Gestalt "Take Be Taken"
Hunjoo Jung | GERMANY

This piece is written based on the Gestalt psychology, which is a school of thought that looks at the human mind and behavior as a whole. The word “Gestalt” is used in German to mean the way of a thing has been “placed,” or “put together.” There is no exact equivalent for the word in English; “Form” and “shape” are the usual translations. In psychology, Gestalt is often interpreted as “pattern” or “configuration”. When trying to make sense of the world, Gestalt psychology suggests that human beings do not simply focus on each of small components. Instead, the human brain tends to perceive objects and sounds as part of a greater whole and as elements of more complex systems. This piece is a reaction against the structural schools’ atomistic orientation such as linguistic and traditional sense of classical/ contemporary structural formula. Instead, this piece adopted an approach, which fragmented experience into distinct and unrelated elements. This piece is the succession of apparent motions.

InTrODUCtion and Scherzo for Guitar and bass clarinet
Ryan Dodge | USA

Ryan Dodge’s Introduction and Scherzo for Bass Clarinet and Guitar is a fiercely “American” work that strives to balance the unlimited new musical resources of our time with the developmental coherence and melodic spirit of the past. After a short expository introduction, a churning, grooving scherzo takes off in an athletic dialogue between the players. Working through it’s material, the fast-paced scherzo subsides into a section of more intimate, nocturnal sentiment. Snaking its way back to the original scherzo dialogue, the work closes with a resounding and poignant declaration from the clarinet—only to subside with reminiscences from the work’s introduction. This piece was written for Ryan’s close friend, the guitarist Colin Fullerton.

Tartarian Psalms E. Remix
Mark Oliveiro | AUS

Before the gates of the pit is a vast abyss, where aimless souls await their fate. Often called purgatory, the expanse of a nothingness is the prelude to eternal torture.

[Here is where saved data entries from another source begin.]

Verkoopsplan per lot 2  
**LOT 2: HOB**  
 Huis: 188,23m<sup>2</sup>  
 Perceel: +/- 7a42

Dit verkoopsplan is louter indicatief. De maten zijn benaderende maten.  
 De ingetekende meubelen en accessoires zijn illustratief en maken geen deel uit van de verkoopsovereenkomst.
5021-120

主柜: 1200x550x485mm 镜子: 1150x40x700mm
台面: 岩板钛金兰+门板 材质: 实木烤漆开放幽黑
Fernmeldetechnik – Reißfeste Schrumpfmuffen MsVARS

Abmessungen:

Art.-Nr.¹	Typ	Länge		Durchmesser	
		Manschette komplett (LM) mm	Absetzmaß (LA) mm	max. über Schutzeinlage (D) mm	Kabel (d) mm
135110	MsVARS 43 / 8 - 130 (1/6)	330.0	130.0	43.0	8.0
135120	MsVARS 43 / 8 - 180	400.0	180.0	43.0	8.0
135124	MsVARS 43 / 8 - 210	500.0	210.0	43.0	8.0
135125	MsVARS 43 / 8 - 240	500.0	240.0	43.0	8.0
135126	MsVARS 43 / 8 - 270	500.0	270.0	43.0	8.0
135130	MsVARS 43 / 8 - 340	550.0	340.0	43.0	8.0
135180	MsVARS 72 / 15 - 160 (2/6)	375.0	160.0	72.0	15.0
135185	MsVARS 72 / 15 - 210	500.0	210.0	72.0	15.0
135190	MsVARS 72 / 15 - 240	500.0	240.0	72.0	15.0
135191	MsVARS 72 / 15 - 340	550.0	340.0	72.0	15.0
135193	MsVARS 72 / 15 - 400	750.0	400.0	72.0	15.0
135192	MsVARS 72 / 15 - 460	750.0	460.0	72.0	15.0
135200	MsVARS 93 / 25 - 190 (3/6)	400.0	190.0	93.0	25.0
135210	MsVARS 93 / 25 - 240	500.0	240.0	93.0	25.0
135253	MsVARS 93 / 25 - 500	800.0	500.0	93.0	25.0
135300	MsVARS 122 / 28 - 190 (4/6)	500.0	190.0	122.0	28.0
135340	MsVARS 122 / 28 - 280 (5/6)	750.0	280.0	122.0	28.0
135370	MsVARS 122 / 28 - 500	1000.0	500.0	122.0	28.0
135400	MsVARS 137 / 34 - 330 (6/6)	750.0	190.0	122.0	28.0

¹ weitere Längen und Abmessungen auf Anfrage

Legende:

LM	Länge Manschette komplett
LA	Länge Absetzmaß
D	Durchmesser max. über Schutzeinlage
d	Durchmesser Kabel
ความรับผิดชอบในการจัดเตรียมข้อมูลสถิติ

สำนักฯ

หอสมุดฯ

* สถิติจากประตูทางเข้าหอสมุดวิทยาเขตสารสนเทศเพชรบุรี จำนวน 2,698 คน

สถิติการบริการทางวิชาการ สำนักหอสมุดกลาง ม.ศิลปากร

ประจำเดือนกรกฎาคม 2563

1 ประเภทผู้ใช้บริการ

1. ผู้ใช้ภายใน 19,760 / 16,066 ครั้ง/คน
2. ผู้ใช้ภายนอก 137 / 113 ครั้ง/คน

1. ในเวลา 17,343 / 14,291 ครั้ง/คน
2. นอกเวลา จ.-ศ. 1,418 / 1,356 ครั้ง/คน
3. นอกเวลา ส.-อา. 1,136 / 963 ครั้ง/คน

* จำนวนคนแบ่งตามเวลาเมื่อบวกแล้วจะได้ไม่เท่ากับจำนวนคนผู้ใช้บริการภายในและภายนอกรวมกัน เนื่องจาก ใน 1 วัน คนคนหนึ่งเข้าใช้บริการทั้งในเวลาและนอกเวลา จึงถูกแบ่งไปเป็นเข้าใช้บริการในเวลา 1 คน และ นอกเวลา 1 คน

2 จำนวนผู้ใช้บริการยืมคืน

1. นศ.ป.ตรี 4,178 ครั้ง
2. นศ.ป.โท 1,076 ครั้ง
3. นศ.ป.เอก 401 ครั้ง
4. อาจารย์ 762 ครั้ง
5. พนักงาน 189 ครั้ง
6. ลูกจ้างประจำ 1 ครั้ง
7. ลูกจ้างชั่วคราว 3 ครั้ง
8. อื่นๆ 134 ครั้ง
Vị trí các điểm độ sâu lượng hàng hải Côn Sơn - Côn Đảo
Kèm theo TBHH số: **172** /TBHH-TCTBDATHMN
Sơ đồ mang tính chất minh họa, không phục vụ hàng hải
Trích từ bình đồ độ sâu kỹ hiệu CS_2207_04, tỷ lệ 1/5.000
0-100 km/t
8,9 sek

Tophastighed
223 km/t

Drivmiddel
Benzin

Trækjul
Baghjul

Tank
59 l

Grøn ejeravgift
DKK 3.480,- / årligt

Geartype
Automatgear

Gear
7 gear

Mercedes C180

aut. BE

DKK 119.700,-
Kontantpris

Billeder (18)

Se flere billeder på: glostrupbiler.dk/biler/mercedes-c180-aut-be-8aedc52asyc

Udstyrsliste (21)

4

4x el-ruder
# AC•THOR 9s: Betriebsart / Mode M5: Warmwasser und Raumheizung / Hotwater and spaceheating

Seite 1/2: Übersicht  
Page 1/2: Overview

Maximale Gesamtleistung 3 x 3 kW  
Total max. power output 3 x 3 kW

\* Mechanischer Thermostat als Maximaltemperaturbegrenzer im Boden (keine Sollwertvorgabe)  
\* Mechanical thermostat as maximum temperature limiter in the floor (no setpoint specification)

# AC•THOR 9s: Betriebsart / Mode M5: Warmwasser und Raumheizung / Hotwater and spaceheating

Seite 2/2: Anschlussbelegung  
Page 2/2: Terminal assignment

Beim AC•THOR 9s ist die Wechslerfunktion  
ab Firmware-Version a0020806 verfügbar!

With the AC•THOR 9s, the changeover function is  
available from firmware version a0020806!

Tartarian Psalms is a performance ritual that pays homage to a collective mythology of the underworld. The gruesome fancies of mankind are manifest in the loathing, purging, punishment, possession and irrationality of the self. Antithetical religious symbology is embodied in the bass trombone and intermedia as an exploration of the “pit”

Still Point
Christopher Buchenholz | USA

Still Point was written for a compilation CD of former students of Fred Lerdahl. In addition to my normal compositional procedure which combines set-theoretic, serial and diatonic/triadic elements, the music incorporates many of Fred’s compositional and theoretical ideas. The title of the piece is taken from T.S. Eliot’s “Four Quartets” (Burnt Norton): “at the still point, there the dance is.” This piece is dedicated to Fred Lerdahl, with immense gratitude.

Oasis
Bracha Neil | ISRAEL

The duet “Oasis” for clarinet (Bb) and piano is based on different Maqamat and combines ethnic and classic fragrance. It contains instructions for improvisation (for the piano part) as it is used in the Mediterranean traditional music.

The work aims to describe the air of the desert, the arid freedom and its infinity as opposed to the joyful oasis full of life.

Silhouette
Deniz Can Baris | TURKEY

In my music that takes shape with this instrumentation, my goal was to build a silhouette which does not brings the initial figure to the surface but somehow reminds it to the listener via the theme I have composed for the piano which lasts for 3 measures. 

We hear the figure at the start of the music and then this figure gives birth to the complete piece.

FANTASY ON THEMES FROM THE TEMPEST BY THOMAS ADÈS
Matthew Bridgham | USA

Three arias, along with some choral/orchestral connective tissue, from Thomas Adès’ “The Tempest” are paraphrased in this work: Ariel sings of death by shipwreck in the stoic “Five Fathoms Deep;” Ferdinand reflects on losing his father to the storm in the mournful “As I sat weeping;” and a little later after being harassed by newcomers, Caliban sings a luring “Friends don’t fear” in an effort to distract the island’s Milanese visitors from noticing the dogged Ariel.